The Strangled Traveler

Colonial Imaginings and the Thugs of India

Translated by Catherine Tihanyi
375 pages, 2 maps, 18 line drawings  6 x 9  © 2002

Cloth $65.00

ISBN: 9780226850856   Published November 2002

Paper $27.00

ISBN: 9780226850863   Published November 2002

British colonists in 1830s India lived in terror of the Thugs. Reputed to be brutal criminals, the Thugs supposedly strangled, beheaded, and robbed thousands of travelers in the goddess Kali's name. The British responded with equally brutal repression of the Thugs and developed a compulsive fascination with tales of their monstrous deeds.

Did the Thugs really exist, or did the British invent them as an excuse to seize tighter control of India?
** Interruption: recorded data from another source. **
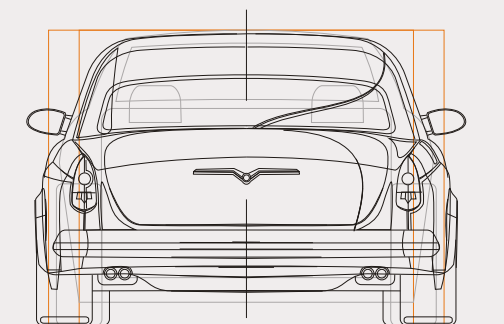

Компоновка Peugeot 407 Coupe

Основные размеры:
габариты
колея, база
посадка

Салон

Обводы силовой структуры кузова

Кузов ГАЗ-21 на базе Peugeot 407 Coupé, компоновка Peugeot

 Основные размеры Peugeot

 Кузов ГАЗ-21 на базе Peugeot

 Компоновка Peugeot 407 Coupé

Кузов ГАЗ-21 на базе Peugeot 407 Coupé, стандартный ГАЗ-21

 Стандартный кузов ГАЗ-21

 Кузов ГАЗ-21 на базе Peugeot

Кузов ГАЗ-21 на базе Peugeot 407 Coupe

Габаритные размеры:

длина - 4806 мм

ширина - 1998 мм

высота - 1378 мм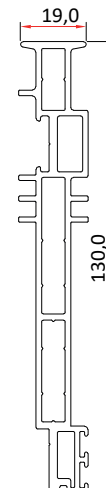

ZENLINE FLY LIGHT

SECCIONES ACOTADAS

PERFIL TAPA + PLADUR. MARCO SUP/ LATERAL

PERFIL MARCO POCKET ESCAMOTEABLE

POLIAMIDA MARCO SUPERIOR

TAPA MARCO SUPERIOR H 134,3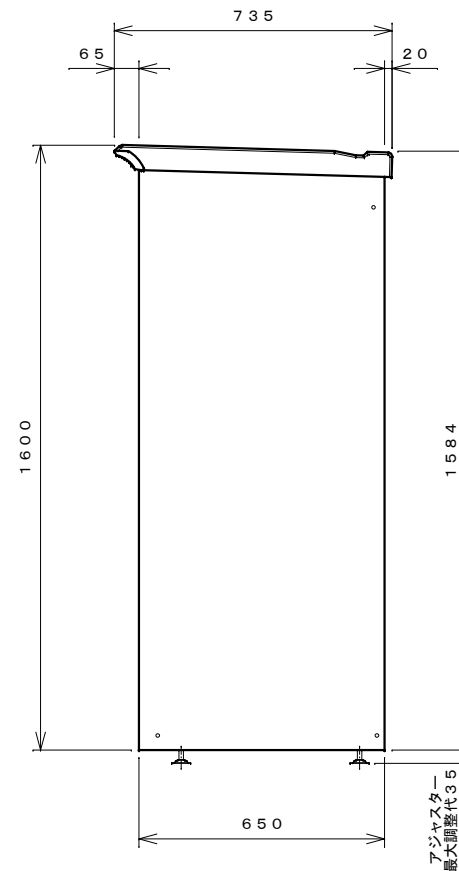

正面図

右側面図

側面断面図

棚高さは床パネル上面より、最低393から最高1193まで50間隔で17段階に調節可能です。

平面断面図

ブロック並べ図

仕様概要

品名	板厚	材質	仕上げ
床	t 0.8	亜鉛鉄板	ポリエステル系樹脂塗装
左右壁	t 0.5	〃	〃
後壁パネル	t 0.4	〃	〃
壁つなぎ	t 0.8	〃	〃
屋根	t 0.5	〃	〃
扉	t 0.6	〃	アクリル系樹脂塗装 (ホワイトはポリエステル系樹脂塗装)
棚 (2枚)	t 0.4	〃	ポリエステル系樹脂塗装
ネット棚	φ3、φ5	普通鉄線	ポリエチレンコーティング

名称	タクボ物置「グランプレステージ」 GP-156BT 仕様図
----	----------------------------------

株式会社 田窪工業所

Drawing on historical and anthropological accounts, Indian tales and sacred texts, and detailed analyses of the secret Thug language, Martine van Woerkens reveals for the first time the real story of the Thugs. Many different groups of Thugs actually did exist over the centuries, but the monsters the British made of them had much more to do with colonial imaginings of India than with the real Thugs. Tracing these imaginings down to the present, van Woerkens reveals the ongoing roles of the Thugs in fiction and film from Frankenstein to Indiana Jones and the Temple of Doom.